It is a topic most of us tiptoe around or even avoid talking about altogether. But for some women, it is a traumatic experience that they have to live with for the rest of their lives.
Last Saturday was International Day of Zero Tolerance for Female Genital Mutilation (FGM), which offers a rare chance to highlight this barbaric procedure. The figures are shocking. According to the latest UN Children’s Fund report, it is estimated that at least 200 million girls and women alive today in 30 countries have undergone some form of FGM. And there are new victims every day.
I assumed it was a rare practice that occurred only in rural areas among the uneducated or unaware – until someone I had known for years, who was from a wealthy Egyptian family, told me that she was a victim of FGM when she was 8.

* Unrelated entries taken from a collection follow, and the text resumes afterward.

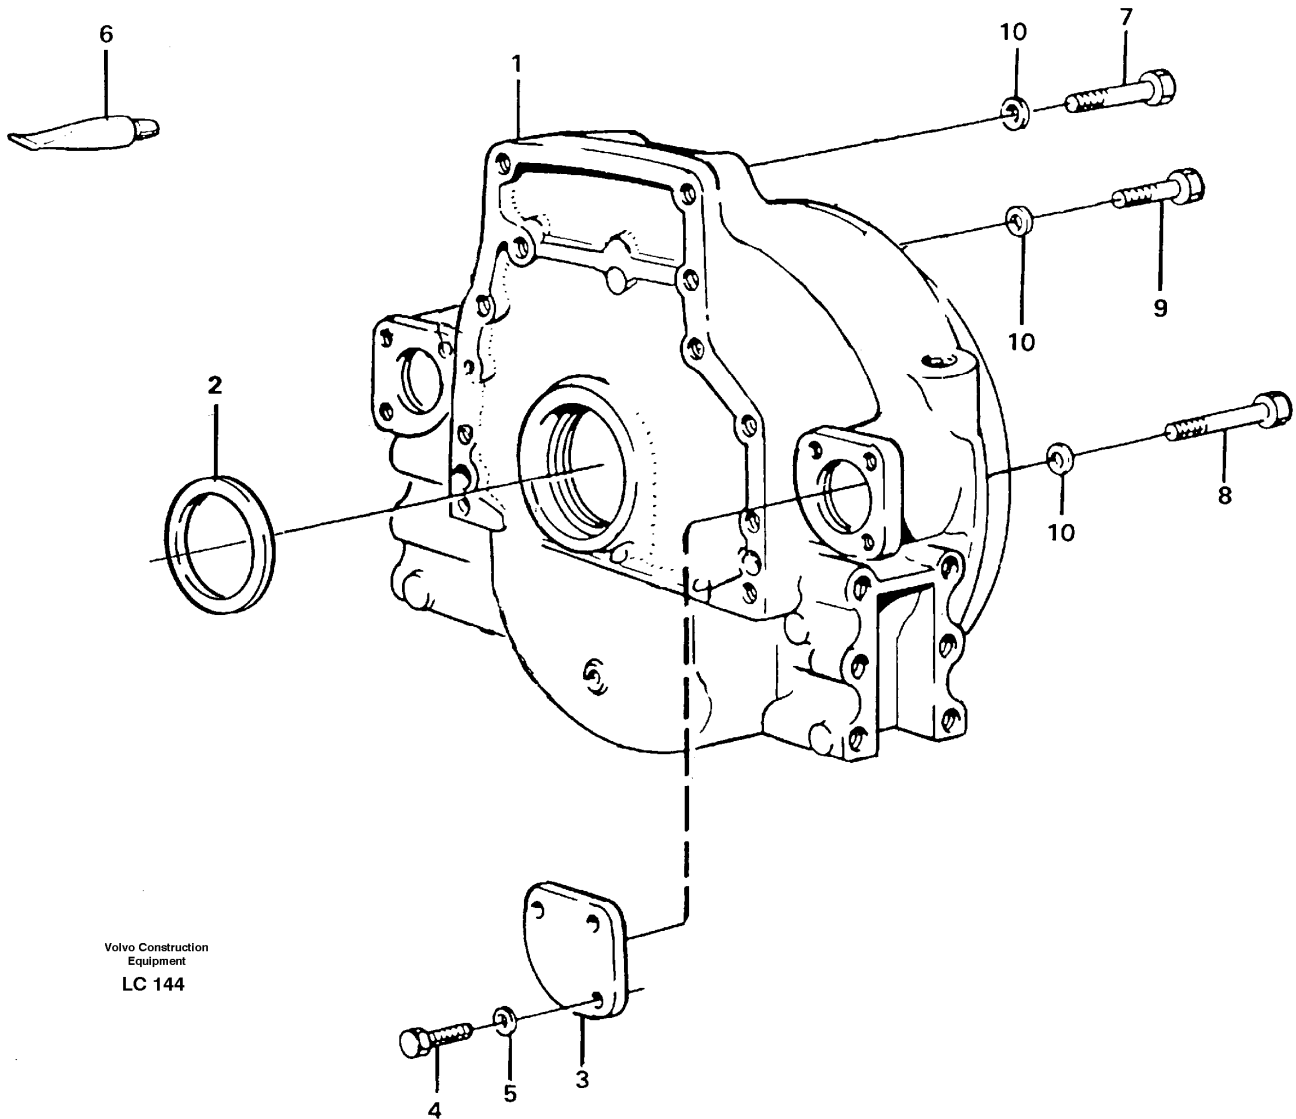

Date: 2013/9/29	Image id: LC144	Catalogue: 99529	Model: EC650
Brand: Volvo	Serial: 539-618	Group/Section: 210/200	Title: Flywheel housing

Volvo Construction
Equipment
LC 144

Pos	Part	Q1	Q2	Q3	Q4	Q5	PS	Kit	Description	Option(s)	Remark
1	VOE11701057	1					OP		Casing		
2	VOE3825164	1					SS		•Sealing ring		
3	VOE423081	1							•Seal Flange		
4	VOE13940114	3							•Screw		
5	VOE13942336	3							•Spring Washer		
6	VOE11713514	REQ							Sealant		(VOE1161231)
7	VOE955582	2							Hexagon screw		
8	VOE955587	2							Screw		
9	VOE955580	8							Hexagon screw		
10	VOE941911	12							Spring Washer
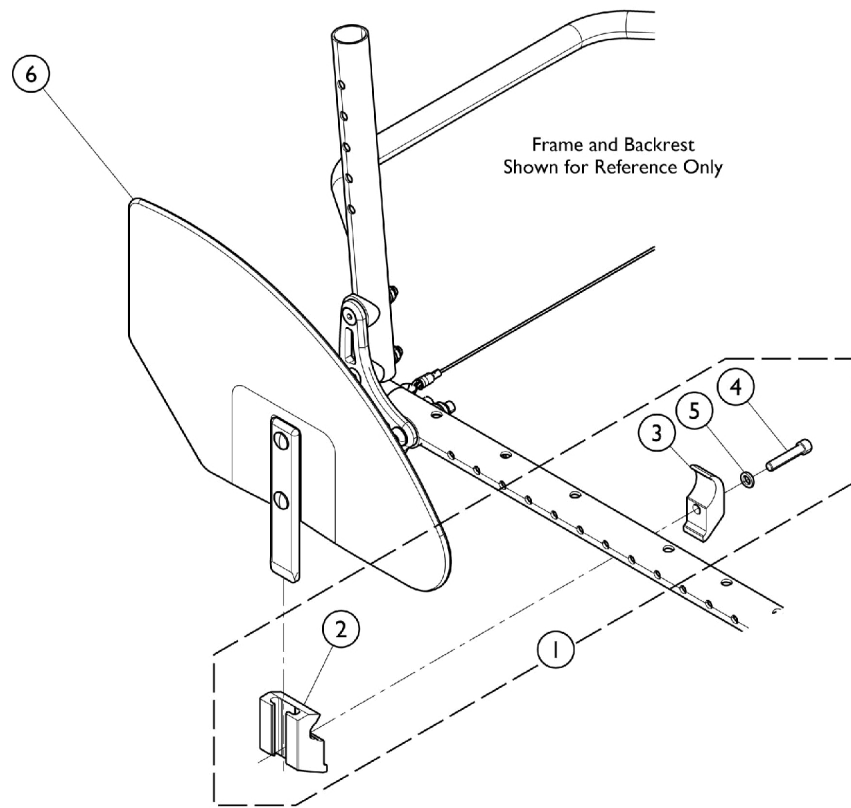

Clothing Guard - Removable Side Guard

Clothing Guard - Removable Side Guard

Item Number	Note	Part Number	Description	Quantity Per	
				Package	Assembly
1	A	1036342	Kit, Side Guard Hardware (Pair)	1	1
2		1032249	Clamp, Half, Threaded	1	2
3		1018692-NLA	NLA - Clamp, Half, Non-Threaded	1	2
4		1003545	Screw, Socket Head (1/4-20 x 1-1/4")	1	2
5		1013971	Washer, Nylon (1/4 x 7/16 x 5/64")	1	2
6		See Chart	Item #6 - Clothing Guard w/o Quad Hole and No Fender	1	1
7		See Chart	Item #7 - Clothing Guard w/ Fender and No Quad Hole	1	1
8		See Chart	Item #8 - Clothing Guard w/ Quad Hole and No Fender	1	1

NOTE: A - Includes items 2 - 5.

Item #6 - Clothing Guard w/o Quad Hole and No Fender

Model	Guard	22 and 24" Wheels	25 and 26" Wheels
CRF19	Right Side	1036346	1036344
CRF19	Left Side	1036347	1036345

Item #7 - Clothing Guard w/ Fender and No Quad Hole

Model	Guard	22 and 24" Wheels	25 and 26" Wheels
CRF79	Right Side	1145643-NLA	1145645-NLA
CRF79	Left Side	1145644-NLA	1145646-NLA

Item #8 - Clothing Guard w/ Quad Hole and No Fender

Model	Guard	22 and 24" Wheels	25 and 26" Wheels
CRF18	Right Side	1036407	1036405
CRF18	Left Side	1036408	1036406
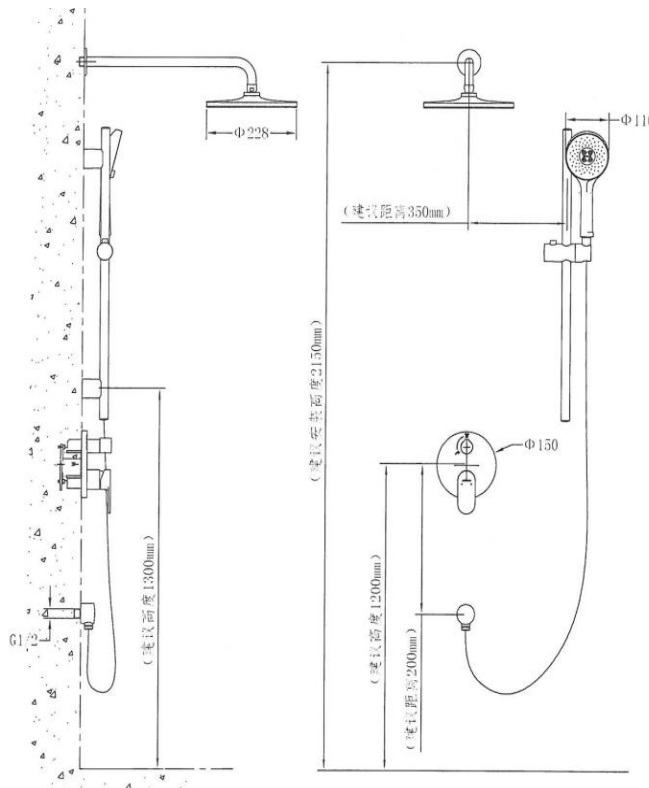

Brand: JOMOO, China  
 Name: Concealed shower system overhead & hand shower bar set  
 Item Code: 37309-627/HBS-1  
 Designer:  
 Color / Finish: Gun Gray  
 Dimensions: (See data drawing)

**Product info:**

- Cartridge specification:  $\phi 35$
- Thread: G1/2
- Material: Premium brass
- Cartridge: Ceramic Cartridge
- Model: two-function
- Other: Need to configure the cartridge plate
- Descaling with one tab
- Automatic descaling
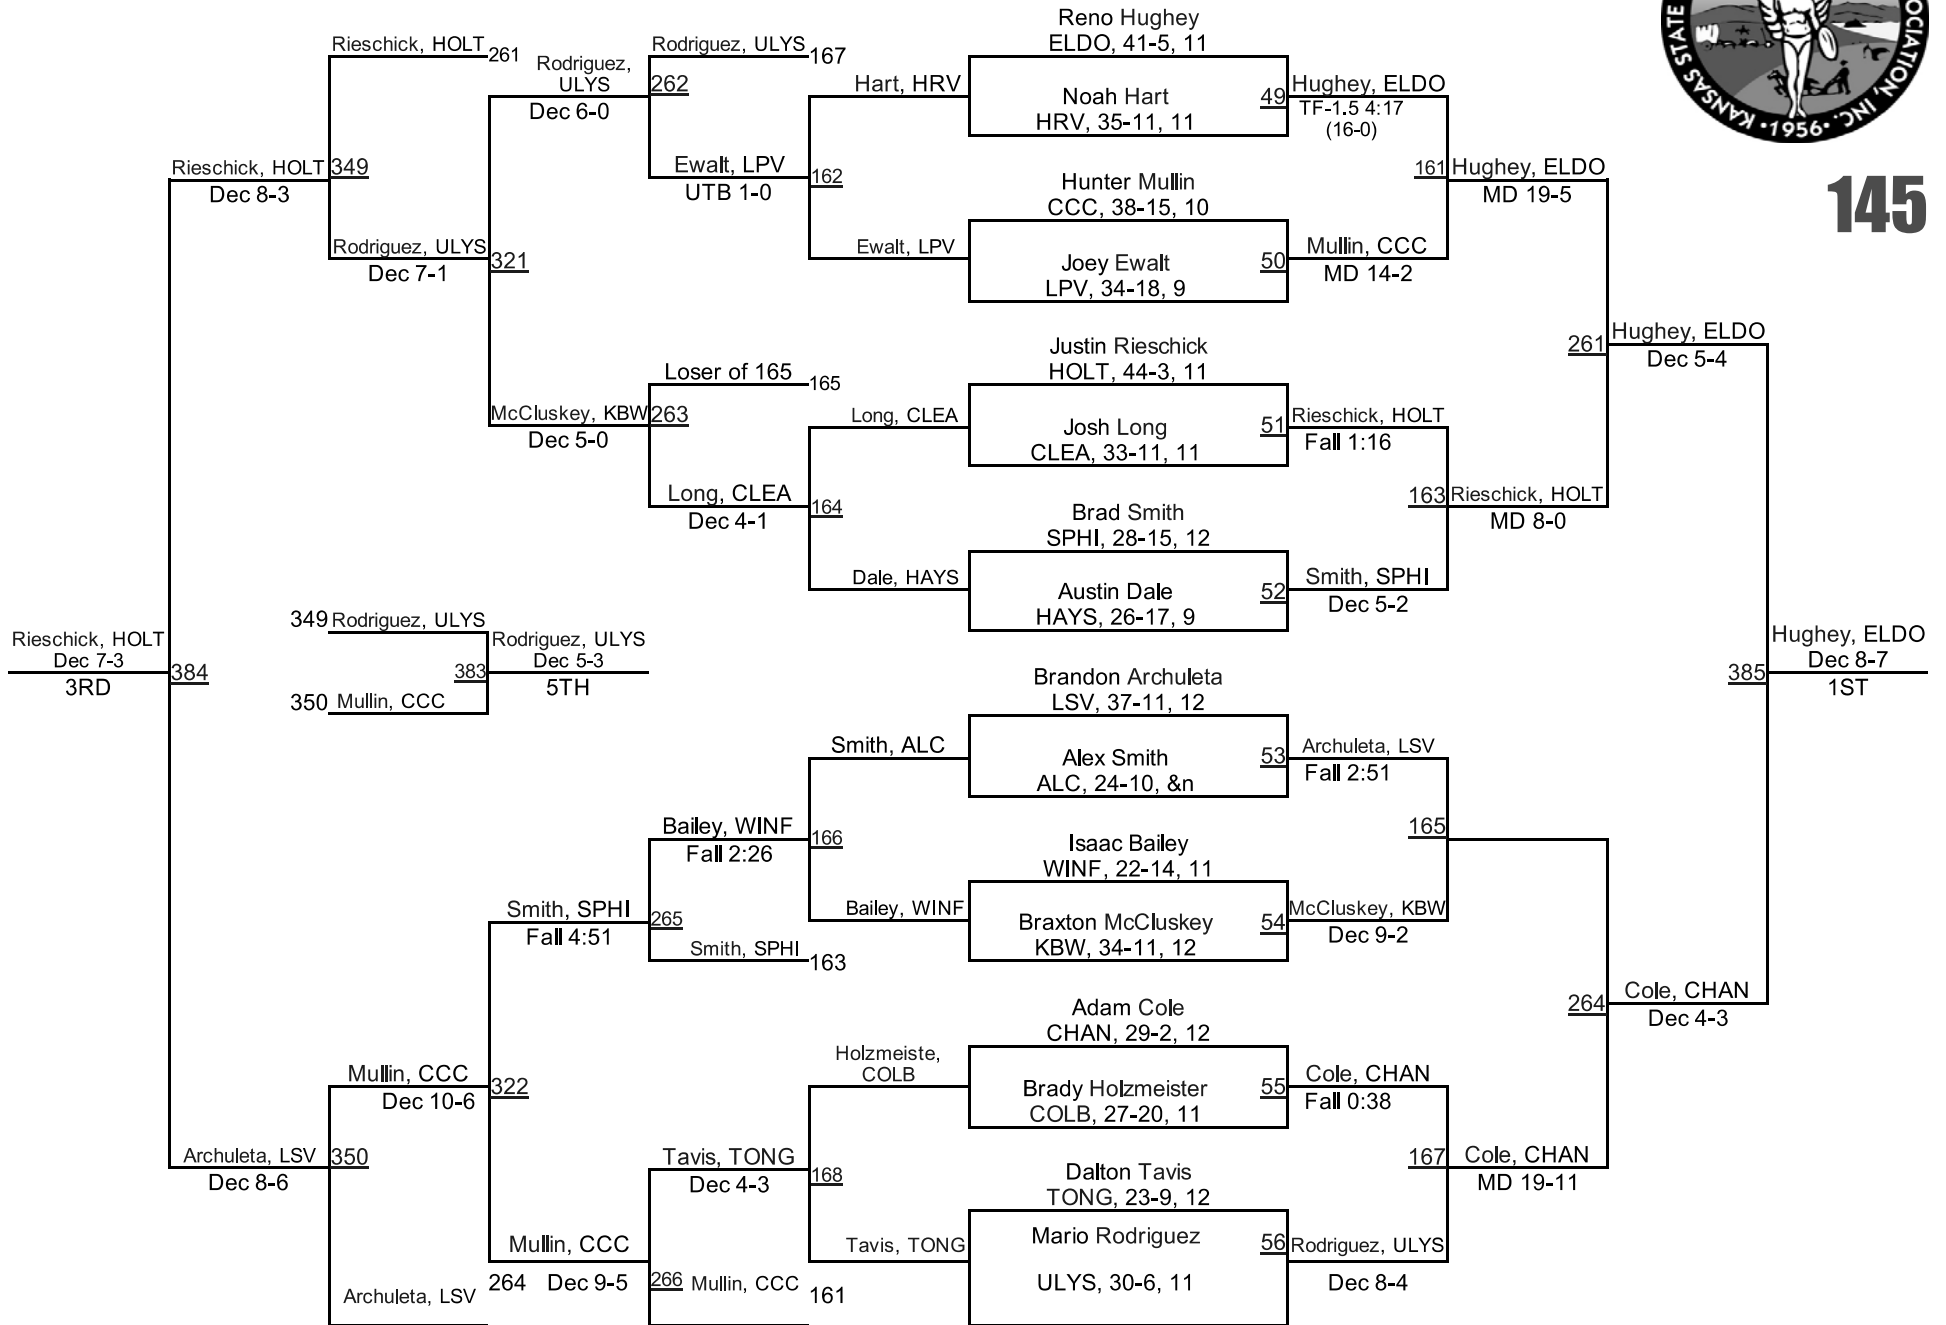

2015 KSHSAA 4A Championships

132

2015 KSHSAA 4A Championships

138

2015 KSHSAA 4A Championships

145

2015 KSHSAA 4A Championships

152

“It is just accepted as normal practice ... My mother had it done to her and my grandmother, great grandmother and other female relatives,” she says.
A mother of two teenagers, she says she is one of the “lucky ones” because she was able to have children, even though each birth had its own complication.
Besides the emotional, psychological and physical hurt, FGM can lead to health issues such as severe bleeding, regular infections, complications in childbirth and increased risk of newborn deaths.
“I do feel like a part of my womanhood was stolen from me and I was made to feel great shame throughout my life for being born a woman,” she says.
The small space allowed for this column can do no justice to this topic and this woman’s courage as she stood up to pressure and protected her own two daughters from FGM.
The practice has been illegal in Egypt since 2008, but despite the law, it has persisted.
“It needs to stop. It is a violation of rights, of privacy and of life. This horrible violent practice violates the meaning of life itself,” she says.
FGM comprises all procedures that involve altering or injuring the female genitalia for non-medical reasons and is recognised internationally as a violation of the human rights of girls and women. According to the UN report, half of the affected women are in three countries: Egypt, Ethiopia and Indonesia.
Last year, this topic was addressed in Omnia, a short film by Emirati filmmaker Amena Al Nowais that won the Best Picture award at Image Nation’s first Arab Film Studio Documentary competition. The subject of the film, Omnia Ibrahim, a 32-year-old Abu Dhabi resident from Egypt, attended the ceremony and faced the media to further discuss this topic. Imagine the amount of courage it took to first appear in this film and then answer questions about her life.
Nawal El Saadawi, the feminist, activist, doctor and writer, has written frankly about her own FGM and has been fighting for women’s rights for decades under a barrage of death threats and even spent time in jail for her beliefs and writings. This issue also needs more men fighting against it for it to finally stop.
“Never before has it been more urgent – or more possible – to end the practice of female genital mutilation, preventing immeasurable human suffering and boosting the power of women and girls to have a positive impact on our world,” said United Nations secretary general Ban Ki-moon.
Thankfully, there is progress. In some of the countries where it is prevalent, the authorities are clamping down on those who perform it. Slowly, through cooperation of the entire community, self-awareness by the families themselves and international efforts, it can be eradicated for ever.